Problem details: Reproduce the entries shown below only from the line with "Gray water tank (gals.):...40.00" down to the line with "Tire size (rear):.....LT225/75R16E", keeping both end lines and copying each one exactly.

Top of Listed entries

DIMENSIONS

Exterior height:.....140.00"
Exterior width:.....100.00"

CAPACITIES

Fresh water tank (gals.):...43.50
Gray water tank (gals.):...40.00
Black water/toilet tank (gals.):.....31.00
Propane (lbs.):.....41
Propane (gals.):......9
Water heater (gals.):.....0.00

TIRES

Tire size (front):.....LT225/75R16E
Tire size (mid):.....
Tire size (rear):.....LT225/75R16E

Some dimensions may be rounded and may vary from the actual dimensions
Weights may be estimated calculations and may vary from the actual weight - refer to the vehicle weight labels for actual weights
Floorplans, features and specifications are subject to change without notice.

Bottom of Listed entries
Top of Listed entries

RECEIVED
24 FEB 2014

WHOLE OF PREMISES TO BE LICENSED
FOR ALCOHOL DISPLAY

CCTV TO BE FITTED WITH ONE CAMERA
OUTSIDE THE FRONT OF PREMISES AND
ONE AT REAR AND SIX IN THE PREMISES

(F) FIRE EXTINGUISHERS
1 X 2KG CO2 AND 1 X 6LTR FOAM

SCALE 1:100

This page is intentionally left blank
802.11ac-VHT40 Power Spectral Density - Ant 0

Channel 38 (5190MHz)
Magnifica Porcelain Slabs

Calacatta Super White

Bottom of Listed entries

Problem solution:
Gray water tank (gals.):...40.00
Black water/toilet tank (gals.):.....31.00
Propane (lbs.):.....41
Propane (gals.):......9
Water heater (gals.):.....0.00

TIRES

Tire size (front):.....LT225/75R16E
Tire size (mid):.....
Tire size (rear):.....LT225/75R16E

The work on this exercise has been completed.